Позавтракав, судья не насытился. Он взял с кухонной полки «Диету без мучений» и принялся прилежно ее изучать. Его немножко утешило, что даже в крупном анчоусе было всего двадцать калорий, в одном стебле спаржи – только пять, а в среднем яблоке – сто. Но успокоиться он не мог – ему хотелось еще гренков, пропитанных маслом и намазанных домашним черносмородиновым джемом, который сварила Верили. Он так и видел этот слегка поджаренный хлеб и чувствовал во рту сладкий вкус и зернышки черной смородины. И хотя у него не было желания «рыть себе могилу своими собственными зубами», волнения, пробудившие у него аппетит, подавили его волю; хромая, он подбирался к хлебнице, но глухое урчание в желудке заставило его замереть с протянутой рукой и направиться в ванную, которую оборудовали для него внизу, после «небольшого удара». По дороге он прихватил «Диету без мучений», на случай если придется ждать.
Поспешно спустив штаны, он оперся здоровой рукой на сидение и осторожно уселся; теперь все было в порядке, и его громадные ягодицы расслабились.

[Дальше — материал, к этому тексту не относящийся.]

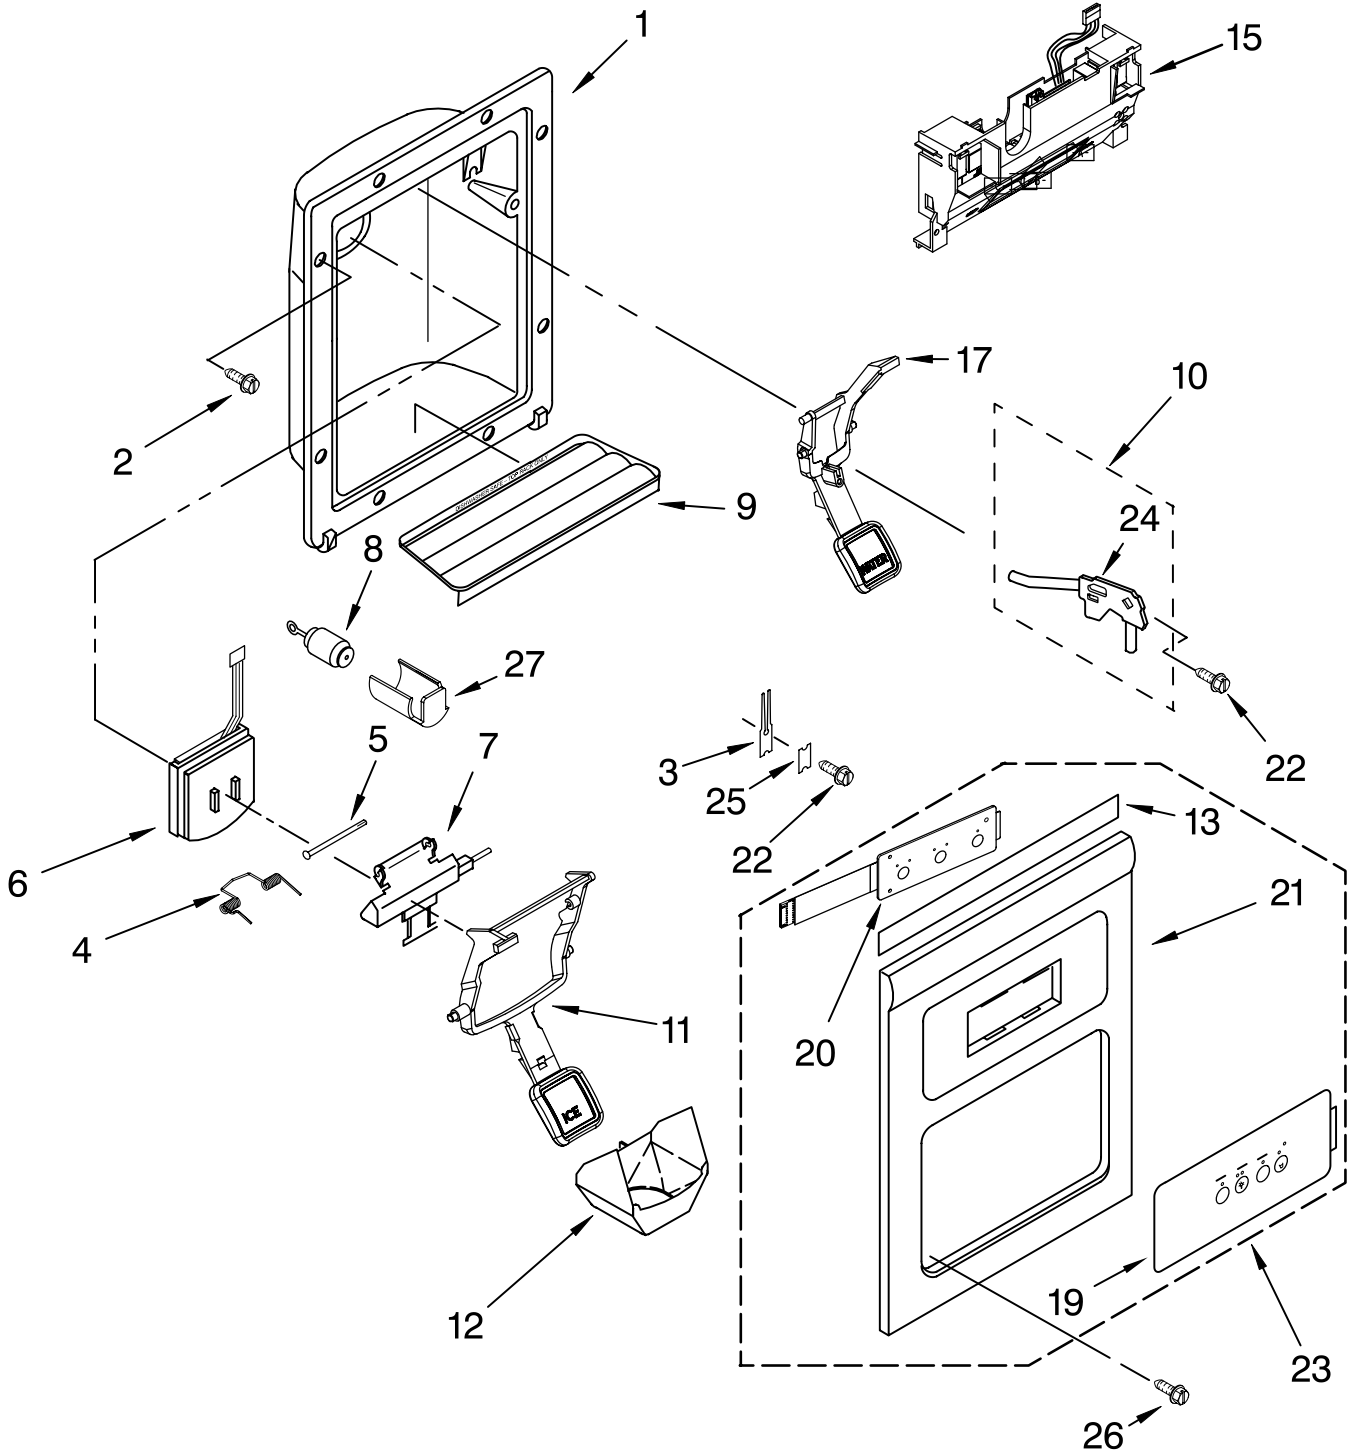

DISPENSER FRONT PARTS

For Models: KSCS23INWH00, KSCS23INBT00, KSCS23INBL00, KSCS23INSS00, KSCS23INMS00
(White) (Biscuit) (Black) (Stainless Steel)(Monochromatic Stainless)

FOR ORDERING INFORMATION REFER TO PARTS PRICE LIST

DISPENSER FRONT PARTS

For Models: KSCS23INWH00, KSCS23INBT00, KSCS23INBL00, KSCS23INSS00, KSCS23INMS00
(White) (Biscuit) (Black) (Stainless Steel)(Monochromatic Stainless)

Illus. No.	Part No.	DESCRIPTION
1		Housing, Dispenser (Not Serviced)
2	3196537	Screw
3	2194719	Retainer, Levers
4	2180209	Spring, Torsion
5	2196195	Pin
6	2180353	Door, Ice
7	2304355	Door Mechanism Assembly
8	2205686	Mechanism Delay
9		Grille, Overflow
	2206670W	White
	2206670T	Biscuit
	2206670B	Black
	2206670US	Universal Silver
10	2209718	Water Fitting Assembly (Includes Water Tube)
11		Lever, Ice Dispenser
	2259396W	White
	2259396T	Biscuit
	2259396SB	Black
	2259396AP	Apollo Gray
12	2180224	Guide, Ice
13	2305571	Gasket
15	2306937	Bracket, Control
17		Lever, Water Dispenser
	2259395W	White
	2259395T	Biscuit
	2259395SB	Black
	2259395AP	Apollo Gray
19		Overlay, Front Cover (Not Available, Order #23)
20		LED Display (Not Available, Order #23)
21		Front Cover, Housing (Not Available, Order #23)
22	489000	Screw
23		Front Cover Assembly (Includes Items 13, 19, 20 & 21)
	2224064W	White
	2224064T	Biscuit
	2224064B	Black
	2224064US	Universal Silver
24	2304673	Bracket, Dispenser
25	2195051	Strain Relief
26	3400065	Screw
27	2252127	Sleeve, Mechanism

FOR ORDERING INFORMATION REFER TO PARTS PRICE LIST

Ждать пришлось недолго, он едва успел прочесть рецепт лимонного пирога без корочки (всего девяносто шесть калорий, если готовить его на сахарине) и не без удовольствия подумать, что он закажет это блюдо Верили сегодня на обед. Он был доволен, что кишечник подействовал бесшумно, и, мысленно произнеся «Mens sana in corpore sano», улыбнулся. В ванной запахло, но его не раздражало и это, наоборот, он так любил все, что ему принадлежало, что не гнушался и этим запахом, – он даже его успокаивал. Он сидел довольный собой, умиротворенный, но, услышав шум в кухне, поспешно привел себя в порядок и вышел.
На сердце у него вдруг стало легко, как у мальчишки, – он решил, что сейчас увидит Джестера. Но когда, все еще воюя со своим поясом, он добрался до кухни, там никого не оказалось. Отсюда было слышно, как Верили занимается уборкой в передней части дома. Судья с разочарованием (оказывается, можно было подольше посидеть в ванной) поглядел на голубое, безоблачное небо – сад уже вовсю освещало утреннее солнце – и вдохнул свежий, легкий запах летних цветов, доносившийся в открытые окна. Старый судья пожалел, что утренняя процедура завтрака и очистки кишечника уже окончена, потому что до тех пор, пока не принесут «Миланский курьер», делать ему было нечего.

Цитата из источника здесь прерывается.